Subject: | Split header lines are joined incorrectly |
Encode::MIME::Header uses the following regex to join split lines:
$str =~ s/(:?\r|\n|\r\n)[ \t]//gos;
This is b0rked in two ways: first, "(:?" is not non-capturing
parentheses but capturing parentheses with an optional colon before the
CR. This probably turns up very seldom though :)
The more severe bug that bit me today is that the replacement part is
empty.
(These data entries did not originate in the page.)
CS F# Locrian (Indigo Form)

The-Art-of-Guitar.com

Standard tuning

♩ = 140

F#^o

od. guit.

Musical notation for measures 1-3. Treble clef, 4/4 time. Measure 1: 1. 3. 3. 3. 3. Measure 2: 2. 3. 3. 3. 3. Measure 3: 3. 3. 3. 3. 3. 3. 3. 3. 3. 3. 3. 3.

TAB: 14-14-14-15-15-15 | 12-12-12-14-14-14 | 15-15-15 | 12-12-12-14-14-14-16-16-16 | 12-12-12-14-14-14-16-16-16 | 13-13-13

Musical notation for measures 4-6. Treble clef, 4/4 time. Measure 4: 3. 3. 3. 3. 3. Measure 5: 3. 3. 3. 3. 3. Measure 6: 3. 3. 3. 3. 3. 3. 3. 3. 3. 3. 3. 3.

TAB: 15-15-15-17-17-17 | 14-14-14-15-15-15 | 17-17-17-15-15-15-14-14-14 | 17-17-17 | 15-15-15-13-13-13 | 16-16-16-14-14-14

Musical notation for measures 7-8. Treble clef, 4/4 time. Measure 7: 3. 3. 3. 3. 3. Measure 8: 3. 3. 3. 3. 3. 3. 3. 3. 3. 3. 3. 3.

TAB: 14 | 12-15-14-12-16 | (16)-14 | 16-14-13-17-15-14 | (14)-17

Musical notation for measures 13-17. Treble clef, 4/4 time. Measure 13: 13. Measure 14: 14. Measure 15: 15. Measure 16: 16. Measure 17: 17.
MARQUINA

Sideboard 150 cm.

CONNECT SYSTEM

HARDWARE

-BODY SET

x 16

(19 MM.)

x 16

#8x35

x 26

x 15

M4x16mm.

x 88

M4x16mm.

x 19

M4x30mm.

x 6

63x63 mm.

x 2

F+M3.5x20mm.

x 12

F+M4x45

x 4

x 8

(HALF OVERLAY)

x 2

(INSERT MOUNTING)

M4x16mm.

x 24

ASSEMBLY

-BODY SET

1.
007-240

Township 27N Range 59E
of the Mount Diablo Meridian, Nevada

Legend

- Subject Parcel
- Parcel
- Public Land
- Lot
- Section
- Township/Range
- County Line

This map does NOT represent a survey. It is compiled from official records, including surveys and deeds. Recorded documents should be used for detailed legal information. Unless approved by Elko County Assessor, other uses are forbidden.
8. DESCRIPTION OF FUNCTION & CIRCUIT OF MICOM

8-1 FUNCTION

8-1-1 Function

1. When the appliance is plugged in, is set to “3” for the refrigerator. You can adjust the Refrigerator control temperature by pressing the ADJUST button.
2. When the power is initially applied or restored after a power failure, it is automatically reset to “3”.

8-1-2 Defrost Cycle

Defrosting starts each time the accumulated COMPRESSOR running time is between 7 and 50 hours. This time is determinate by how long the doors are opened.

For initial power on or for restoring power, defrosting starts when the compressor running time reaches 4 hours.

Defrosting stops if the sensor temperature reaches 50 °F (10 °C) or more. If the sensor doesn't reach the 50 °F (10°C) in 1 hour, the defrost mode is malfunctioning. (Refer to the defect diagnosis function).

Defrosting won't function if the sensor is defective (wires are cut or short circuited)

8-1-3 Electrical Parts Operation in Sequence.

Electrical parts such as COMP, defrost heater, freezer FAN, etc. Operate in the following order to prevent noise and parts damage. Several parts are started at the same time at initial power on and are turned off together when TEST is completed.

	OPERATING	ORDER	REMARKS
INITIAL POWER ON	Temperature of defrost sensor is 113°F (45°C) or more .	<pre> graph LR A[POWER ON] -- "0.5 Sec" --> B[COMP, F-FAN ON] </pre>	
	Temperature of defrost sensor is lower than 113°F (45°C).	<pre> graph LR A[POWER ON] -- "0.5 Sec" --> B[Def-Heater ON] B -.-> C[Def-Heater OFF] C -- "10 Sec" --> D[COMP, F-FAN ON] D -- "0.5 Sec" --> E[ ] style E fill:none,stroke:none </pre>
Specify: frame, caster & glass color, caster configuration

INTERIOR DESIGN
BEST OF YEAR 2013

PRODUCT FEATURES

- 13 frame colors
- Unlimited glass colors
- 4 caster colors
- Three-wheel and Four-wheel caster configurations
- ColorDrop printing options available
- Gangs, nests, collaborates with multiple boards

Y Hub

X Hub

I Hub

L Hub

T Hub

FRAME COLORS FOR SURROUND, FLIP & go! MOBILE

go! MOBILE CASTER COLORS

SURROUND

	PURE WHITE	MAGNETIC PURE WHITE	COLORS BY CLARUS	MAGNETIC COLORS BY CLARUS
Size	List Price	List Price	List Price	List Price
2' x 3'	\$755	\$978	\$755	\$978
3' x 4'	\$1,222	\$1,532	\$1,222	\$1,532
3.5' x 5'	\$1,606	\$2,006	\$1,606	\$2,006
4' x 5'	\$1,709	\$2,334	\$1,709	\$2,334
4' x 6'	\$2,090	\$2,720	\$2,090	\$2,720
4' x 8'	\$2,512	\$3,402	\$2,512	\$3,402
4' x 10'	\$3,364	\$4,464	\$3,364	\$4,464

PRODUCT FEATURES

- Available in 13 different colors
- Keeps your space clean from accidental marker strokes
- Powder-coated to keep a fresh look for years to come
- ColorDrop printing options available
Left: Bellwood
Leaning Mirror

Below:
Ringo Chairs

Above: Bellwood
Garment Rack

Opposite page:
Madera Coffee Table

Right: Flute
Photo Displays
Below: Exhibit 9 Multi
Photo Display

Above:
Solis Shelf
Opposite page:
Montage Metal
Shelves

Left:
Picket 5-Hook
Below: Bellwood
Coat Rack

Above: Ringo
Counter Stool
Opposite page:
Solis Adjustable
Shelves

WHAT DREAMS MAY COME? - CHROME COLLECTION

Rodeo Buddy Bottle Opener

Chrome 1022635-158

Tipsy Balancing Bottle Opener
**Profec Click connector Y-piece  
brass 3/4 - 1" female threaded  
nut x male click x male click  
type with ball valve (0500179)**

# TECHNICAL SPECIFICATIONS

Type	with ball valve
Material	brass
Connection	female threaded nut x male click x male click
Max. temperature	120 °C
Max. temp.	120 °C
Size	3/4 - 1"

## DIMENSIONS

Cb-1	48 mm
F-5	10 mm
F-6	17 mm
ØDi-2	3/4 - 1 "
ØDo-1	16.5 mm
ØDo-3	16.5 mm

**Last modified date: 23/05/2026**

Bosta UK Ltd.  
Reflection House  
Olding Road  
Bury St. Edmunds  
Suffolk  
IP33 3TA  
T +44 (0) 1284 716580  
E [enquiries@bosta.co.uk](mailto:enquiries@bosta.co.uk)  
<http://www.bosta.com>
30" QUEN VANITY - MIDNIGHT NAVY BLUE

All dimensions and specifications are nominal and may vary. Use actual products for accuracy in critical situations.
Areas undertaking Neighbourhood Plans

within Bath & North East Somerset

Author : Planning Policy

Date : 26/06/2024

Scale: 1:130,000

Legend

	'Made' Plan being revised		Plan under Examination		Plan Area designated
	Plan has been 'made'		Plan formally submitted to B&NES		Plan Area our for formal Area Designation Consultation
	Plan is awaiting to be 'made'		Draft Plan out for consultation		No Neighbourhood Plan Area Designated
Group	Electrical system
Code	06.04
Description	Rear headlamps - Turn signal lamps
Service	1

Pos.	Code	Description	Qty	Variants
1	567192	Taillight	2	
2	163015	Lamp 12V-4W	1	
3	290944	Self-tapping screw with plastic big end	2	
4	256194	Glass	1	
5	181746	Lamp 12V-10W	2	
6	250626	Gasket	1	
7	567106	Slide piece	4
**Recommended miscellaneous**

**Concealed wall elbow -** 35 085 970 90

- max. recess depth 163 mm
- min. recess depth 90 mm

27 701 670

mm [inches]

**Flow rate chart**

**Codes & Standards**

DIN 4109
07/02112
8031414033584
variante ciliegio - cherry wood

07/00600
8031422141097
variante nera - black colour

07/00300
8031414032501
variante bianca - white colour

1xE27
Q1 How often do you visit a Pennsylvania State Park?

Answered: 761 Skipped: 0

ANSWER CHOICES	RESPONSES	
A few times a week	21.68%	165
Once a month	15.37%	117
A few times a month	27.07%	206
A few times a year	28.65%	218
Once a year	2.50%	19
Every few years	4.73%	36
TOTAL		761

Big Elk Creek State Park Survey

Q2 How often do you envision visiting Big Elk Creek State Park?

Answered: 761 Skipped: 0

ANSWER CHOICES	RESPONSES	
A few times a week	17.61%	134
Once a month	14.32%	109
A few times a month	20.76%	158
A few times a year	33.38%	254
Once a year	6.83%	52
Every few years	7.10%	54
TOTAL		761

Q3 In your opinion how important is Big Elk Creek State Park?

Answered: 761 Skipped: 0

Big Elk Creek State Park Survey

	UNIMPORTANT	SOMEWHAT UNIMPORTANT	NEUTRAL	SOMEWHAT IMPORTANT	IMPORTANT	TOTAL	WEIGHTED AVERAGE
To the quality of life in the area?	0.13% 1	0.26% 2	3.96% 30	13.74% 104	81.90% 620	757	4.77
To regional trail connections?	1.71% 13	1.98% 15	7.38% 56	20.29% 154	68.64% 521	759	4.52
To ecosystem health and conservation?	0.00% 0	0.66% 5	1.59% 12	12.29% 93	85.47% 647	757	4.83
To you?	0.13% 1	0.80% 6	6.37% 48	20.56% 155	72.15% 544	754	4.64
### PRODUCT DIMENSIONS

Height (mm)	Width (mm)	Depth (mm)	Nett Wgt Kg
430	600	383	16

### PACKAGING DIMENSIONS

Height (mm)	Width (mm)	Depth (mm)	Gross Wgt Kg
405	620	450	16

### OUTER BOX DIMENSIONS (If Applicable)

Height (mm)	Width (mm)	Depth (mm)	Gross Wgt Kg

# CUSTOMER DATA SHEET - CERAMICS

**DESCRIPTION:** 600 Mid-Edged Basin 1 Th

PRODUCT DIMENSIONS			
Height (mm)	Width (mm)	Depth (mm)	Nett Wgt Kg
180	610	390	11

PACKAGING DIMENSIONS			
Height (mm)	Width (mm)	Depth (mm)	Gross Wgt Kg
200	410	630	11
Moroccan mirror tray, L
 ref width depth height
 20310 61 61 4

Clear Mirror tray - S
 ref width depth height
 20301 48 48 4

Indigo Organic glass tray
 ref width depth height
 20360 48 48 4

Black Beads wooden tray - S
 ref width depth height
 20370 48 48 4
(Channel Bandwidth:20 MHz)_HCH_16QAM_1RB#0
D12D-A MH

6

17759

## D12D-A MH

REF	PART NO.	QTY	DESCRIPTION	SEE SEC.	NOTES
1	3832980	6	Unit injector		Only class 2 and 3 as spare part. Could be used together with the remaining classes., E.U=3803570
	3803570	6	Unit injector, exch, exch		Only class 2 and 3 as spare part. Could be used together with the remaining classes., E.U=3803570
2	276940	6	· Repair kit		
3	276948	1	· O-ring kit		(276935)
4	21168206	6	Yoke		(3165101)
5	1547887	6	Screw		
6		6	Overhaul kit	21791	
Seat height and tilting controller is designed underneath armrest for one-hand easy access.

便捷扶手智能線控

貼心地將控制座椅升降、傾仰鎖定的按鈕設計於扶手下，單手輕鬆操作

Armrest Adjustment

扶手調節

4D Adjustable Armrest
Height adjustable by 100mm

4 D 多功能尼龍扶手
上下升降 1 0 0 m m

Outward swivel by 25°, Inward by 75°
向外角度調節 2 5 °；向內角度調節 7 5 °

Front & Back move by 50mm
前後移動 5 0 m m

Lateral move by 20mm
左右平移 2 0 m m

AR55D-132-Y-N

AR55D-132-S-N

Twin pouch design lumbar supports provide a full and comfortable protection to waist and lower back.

RFC2047 is an extension of RFC822, so I suppose section 2.2.3 of
the latter is authoritative here:
The process of moving from this folded multiple-line representation
of a header field to its single line representation is called
"unfolding". Unfolding is accomplished by simply removing any CRLF
that is immediately followed by WSP.
So to be strictly conforming, the expression should be
$str =~ s/(?:\r|\n|\r\n)(?=[ \t])//gs;
(I think it's fair not to include the more exotic WS characters in \s)
However, CRLF followed by a TAB or multiple spaces is often used for
lines that were originally split on a single space, so the following
would probably come closer to what most people would expect (this is how
mutt does it BTW, I haven't checked any other MUAs though):
$str =~ s/(?:\r|\n|\r\n)[ \t]+/ /gs;